I have horrible teaching experiences almost daily.
But the people I work with are ace and make it doable. I think horrible experiences with SLT can be much worse than what kids can throw at you!

elderflowerlemonade Mon 22-Jun-15 22:29:12

I agree chips

Ottosaurus Mon 22-Jun-15 22:37:07

I left teaching.
I want to go back, but I'm scared I won't get a job and that I've left it too long.
I was bullied because I was "too keen"... They regularly punished my class and I (changing times for assemblies etc... Without telling me) and then would yell at me in front of the class. So much more happened that I can't bear to go through.
I wanted to crash my car so I couldn't work.
In the end I broke down and sobbed for 72hrs straight before I saw a lovely Dr who signed me off.
I refused to go back to the school to collect my things without an LEA representative. While there another teacher came and basically told the LEA rep how horrifically they had been treated, but the LEA refused to see it.
It's been 8yrs. I'm still not over it.

But kind of cathartic writing it here.
I would also like to name and shame the b@@@@ds though.

whathaveiforgottentoday Mon 22-Jun-15 22:43:27

I've always said it is the staff that determine whether you enjoy the school or not. However difficult the kids, with good support you will be fine. I've worked in a real range of schools and the only year I struggled was when slt had lost control of the school. Luckily, new head and new Hod started and life got much better.

CharlesRyder Tue 23-Jun-15 19:08:45

I had a horrible experience. I didn't realise what a visceral illness stress is- I was completely debilitated for a while and felt like a husk of myself for a long time after that.

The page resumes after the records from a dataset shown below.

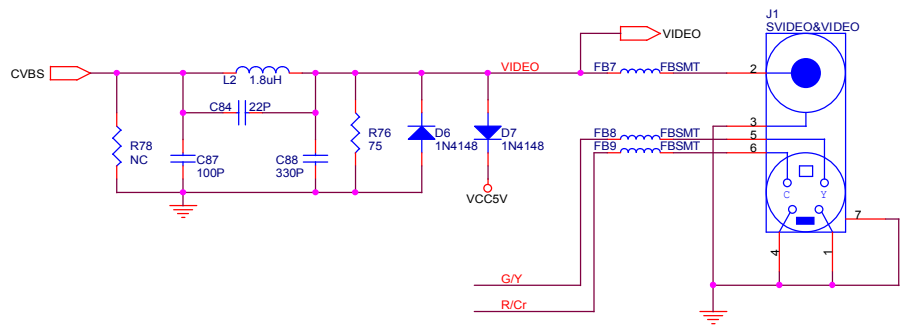

**Wistar Technologic Co.,Ltd**  
**AML3295+VT7208+DV34(SAMSUNG)**  
**DATA:2004-1-8**  
**Rev:4.0**

<b>Wistar Technologic Ltd</b>		
Title		
<b>AML3290+VT7208+DV34(SAMSUNG)</b>		
Size	Document Number	Rev
A3	<b>TITLE</b>	<b>v1.1</b>
Date:	Saturday, July 24, 2004	Sheet 1 of 9

GI06	0	1
CD_DVD	CD	DVD
VR	VR_CD	VR_DVD

U10 CS4334

MCLK LCLK R GND  
LRCK LCLK VAA L  
BCK VAA L  
DATA L

两声道用

**Wistar Technologic Co.,Ltd**

Title  
**AML3295+VT7208+DV34(SAMSUNG)**

Size  
Custbm

Document Number  
**POWER**
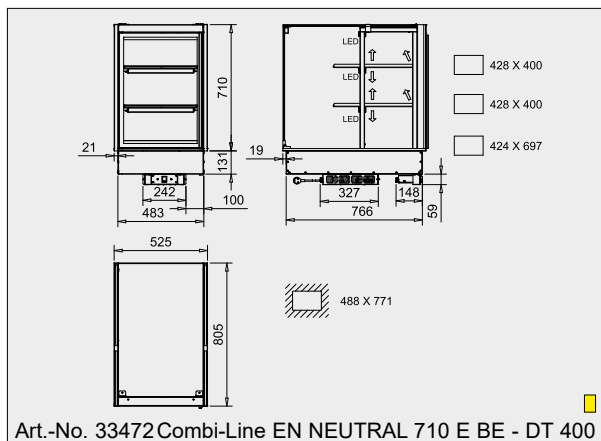

10. Vitrines – Combi-Line

Vitrines non-réfrigérées

10
Vitrines
Combi-Line

Les plans sont réalisés avec des options qui ne sont pas inclus dans la livraison, d'autres plans sont disponibles sur www.wiha-web.com dans la rubrique « Infothèque/espace client ».
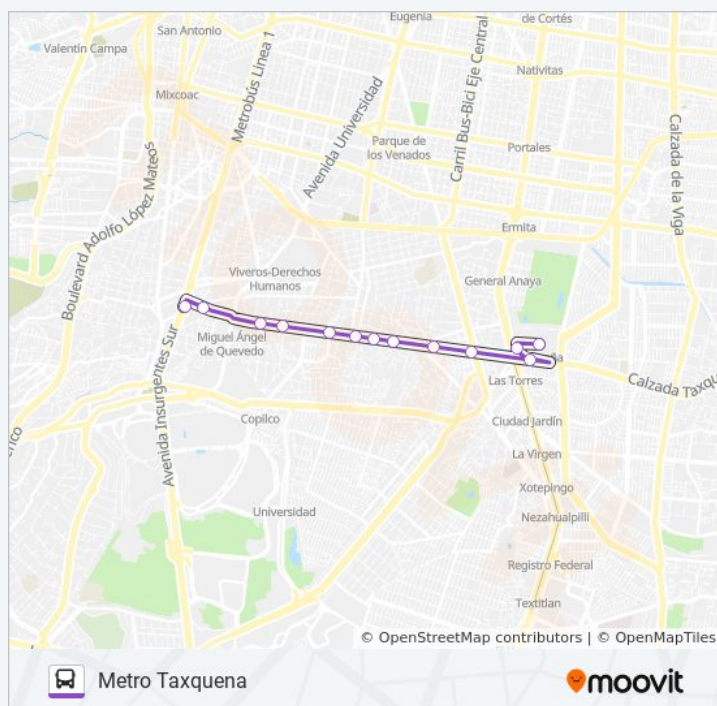

Av. Miguel Ángel de Quevedo - Puente San Francisco

Av. Miguel Ángel de Quevedo - Fernández Leal

Horario de la línea 113 de autobús

Metro Taxquena Horario de ruta:

lunes	06:00 - 22:30
martes	06:00 - 22:30
miércoles	06:00 - 22:30
jueves	06:00 - 22:30
viernes	06:00 - 22:30
sábado	06:00 - 22:30
domingo	06:00 - 22:30

Información de la línea 113 de autobús

Dirección: Metro Taxquena

Paradas: 13

Duración del viaje: 20 min
Resumen de la línea:

Av. Miguel Ángel de Quevedo - Oceanía

Av. Miguel Ángel de Quevedo - Av. División del Nte.

Cerro Hutzilac

Calzada Taxqueña, 868

Tasqueña

Sentido: Villa Alvaro Obregon

19 paradas

[VER HORARIO DE LA LÍNEA](#)

Tasqueña

Calz. Taxqueña - Terminal Central del Sur

Dirección: Villa Alvaro Obregon

Paradas: 19

Duración del viaje: 20 min

Resumen de la línea:

Avenida Miguel Ángel de Quevedo, 334

Av. Universidad

Callejón de La Escondida, 4

Avenida de La Paz, 26
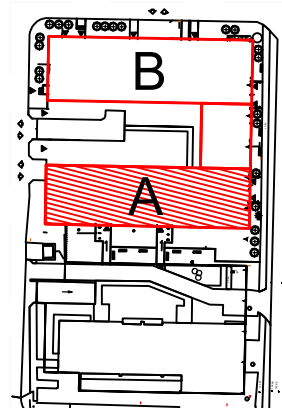

TĘCZOWY RAJ

Adres	Kondygnacja	Opis apartamentu	Powierzchnia
ul. Jeździecka 6/23	IV PIĘTRO	pokój + kuchnia	29,00m²

RZUT MIESZKANIA
skala 1:100

LOKALIZACJA W BUDYNKU
skala 1:500

PLAN ZESPOŁU
skala 1:1000

ZESTAWIENIE POWIERZCHNI		
NR	POMIESZCZENIE	POWIERZCHNIA [m ²]
1.1.	Przedpokój	3,84
1.2.	Łazienka	4,08
1.3.	Kuchnia	5,08
1.4.	Pokój	16,00
ŁĄCZNIE		29,00m²
	Balkon	~ 3,70

RZUT MIESZKANIA ZOSTAŁ SPORZĄDZONY NA PODSTAWIE PROJEKTU BUDOWLANEGO I JEST WERSJĄ POGLĄDOWĄ. ZASTRZEGA SIĘ MOŻLIWOŚĆ ZMIAN W UKŁADACH MIESZKAŃ I PODANYCH POWIERZCHNIACH ZGODNIE Z ZAPISAMI UMOWY DEWELOPERSKIEJ
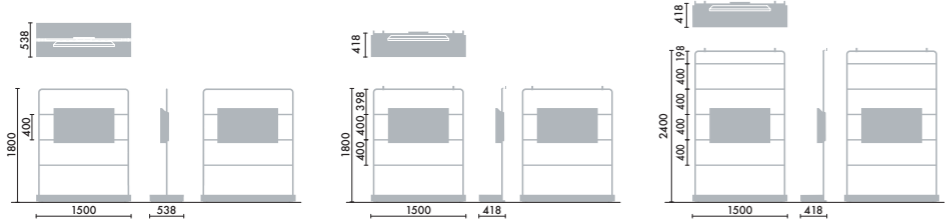

ディスプレイからの配線も足元のボックスの中にすっきりと収納可能です。

単体タイプ(標準)

コーナータイプ(標準)

壁面タイプ

コートハンガータイプ

ディスプレイタイプ(中央設置)

ディスプレイタイプ(壁面設置)

ソファー連結タイプ(標準)
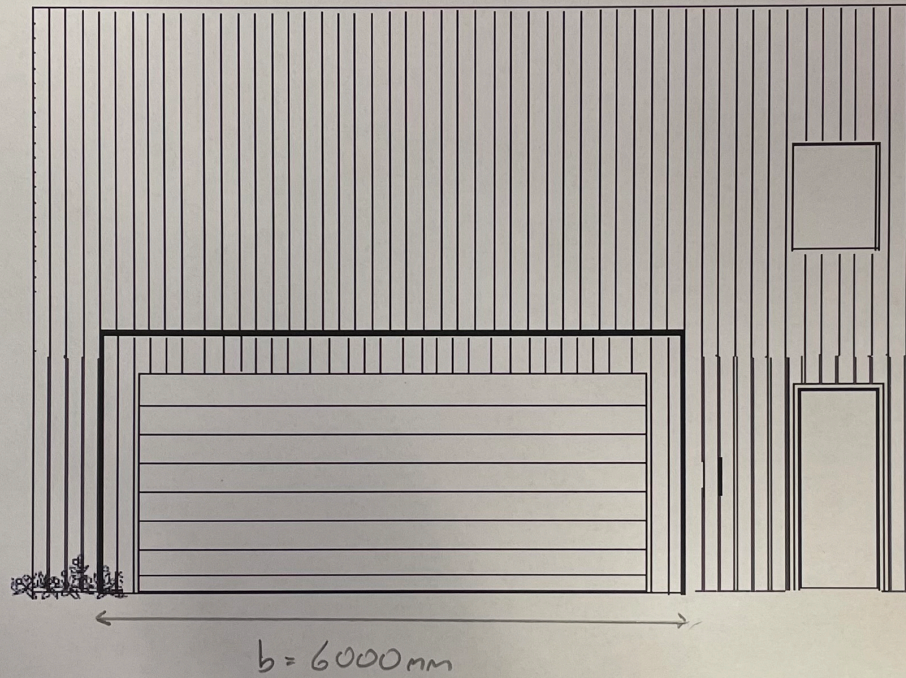

Fasade øst

Målestokk = 1:150

I am being gradually fixed by a wonderful school where I feel safe enough to unfurl again.

DriftingOff Tue 23-Jun-15 20:31:37

I was bullied for 2 years in a school, and haven't worked since. I feel like I've mostly put it behind me now, but to really get over it completely, I reckon I need to start working again, although I'm not sure I really want to go back into teaching. The experience has really put me off the whole teaching profession. To answer your question, "how do you get over it" - a combination of time and talking it over with any sympathetic souls who are willing to listen, followed by getting stuck back into the world of work (preferably with a non-bullying boss, who will make me realise that not all bosses are psychos)

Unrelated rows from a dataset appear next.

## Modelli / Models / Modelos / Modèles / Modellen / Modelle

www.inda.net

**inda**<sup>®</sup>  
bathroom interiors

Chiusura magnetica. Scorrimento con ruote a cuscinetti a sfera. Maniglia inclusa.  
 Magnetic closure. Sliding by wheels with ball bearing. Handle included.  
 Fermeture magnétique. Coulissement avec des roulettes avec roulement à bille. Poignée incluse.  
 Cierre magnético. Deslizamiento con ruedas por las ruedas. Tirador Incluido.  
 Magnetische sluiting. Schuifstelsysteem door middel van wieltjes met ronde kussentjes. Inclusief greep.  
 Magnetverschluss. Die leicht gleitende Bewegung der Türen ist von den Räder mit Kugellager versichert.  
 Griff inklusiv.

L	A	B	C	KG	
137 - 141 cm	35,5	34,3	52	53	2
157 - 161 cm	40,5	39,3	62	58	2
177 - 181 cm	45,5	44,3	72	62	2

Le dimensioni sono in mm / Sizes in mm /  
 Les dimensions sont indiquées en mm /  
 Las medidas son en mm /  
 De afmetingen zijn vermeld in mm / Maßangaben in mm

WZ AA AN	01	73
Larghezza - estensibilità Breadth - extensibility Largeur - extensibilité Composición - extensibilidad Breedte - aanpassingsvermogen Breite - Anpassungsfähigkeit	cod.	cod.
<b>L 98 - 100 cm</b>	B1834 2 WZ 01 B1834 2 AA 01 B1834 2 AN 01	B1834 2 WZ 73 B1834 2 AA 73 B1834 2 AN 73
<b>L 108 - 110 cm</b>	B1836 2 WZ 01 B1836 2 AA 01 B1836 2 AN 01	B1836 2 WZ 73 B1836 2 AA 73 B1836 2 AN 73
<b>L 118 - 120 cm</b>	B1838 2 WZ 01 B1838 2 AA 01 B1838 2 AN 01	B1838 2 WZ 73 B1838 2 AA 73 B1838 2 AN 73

elderflowerlemonade Tue 23-Jun-15 21:01:03

It's probably too late for me as I've no recent references or anything. That will make finding another job tricky. I sometimes wonder if I should but DH reminds me of how horrible it was and I think maybe not.

Golfhotelromeofoxtrot Wed 24-Jun-15 07:31:18

Would tutoring be another way back in that uses your skills? Or working for an exam board?

elderflowerlemonade Wed 24-Jun-15 07:33:55

I do a tiny bit of tutoring but I have too long a gap now to work for an exam board - need recent references.